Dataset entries
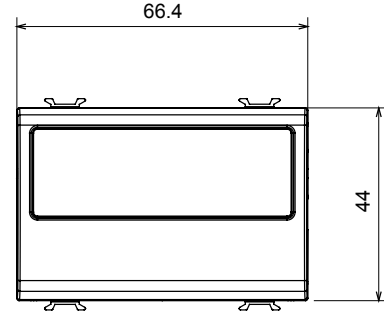

Çok çeşitli kontrol cihazları, güç kaynağı prizleri (ulusal ve uluslararası standartlara uygun), sinyal alma, iklim kontrolü, konfor yönetimi, teknik alarm sinyali ve acil durum aydınlatma yönetimi. Chorus modüler cihazları parlak beyaz, saten beyaz, doğal bej, saten siyah ve boyalı titanyum olmak üzere beş renkte ve farklı boyutlarda 1/2, 1, 2 ve 3 modül olarak mevcuttur. Dikdörtgen, kare ve yuvarlak kutular için montaj destekleri sayesinde Chorus plaka serisiyle sonsuz kombinasyonlar oluşturulabilir.

Kategori	Kablo çıkışlı boşluk kapağı	Renk	parlak beyaz
Tanım	2 m	Standart	EN 60669-1
Bilyeli termo sıcaklık	125 °C	Akkor Tel Deneyi:	850 °C
Sayısı modüller	2	Malzeme	Teknopolimer
Elektrokod	0100		

DIMENSIONAL

Required work:
Lines containing the word "parlak" are to be located in the entries and copied.

Task solution:
Çok çeşitli kontrol cihazları, güç kaynağı prizleri (ulusal ve uluslararası standartlara uygun), sinyal alma, iklim kontrolü, konfor yönetimi, teknik alarm sinyali ve acil durum aydınlatma yönetimi. Chorus modüler cihazları parlak beyaz, saten beyaz, doğal bej, saten siyah ve boyalı titanyum olmak üzere beş renkte ve farklı boyutlarda 1/2, 1, 2 ve 3 modül olarak mevcuttur. Dikdörtgen, kare ve yuvarlak kutular için montaj destekleri sayesinde Chorus plaka serisiyle sonsuz kombinasyonlar oluşturulabilir.
Kategori	Kablo çıkışlı boşluk kapağı	Renk	parlak beyaz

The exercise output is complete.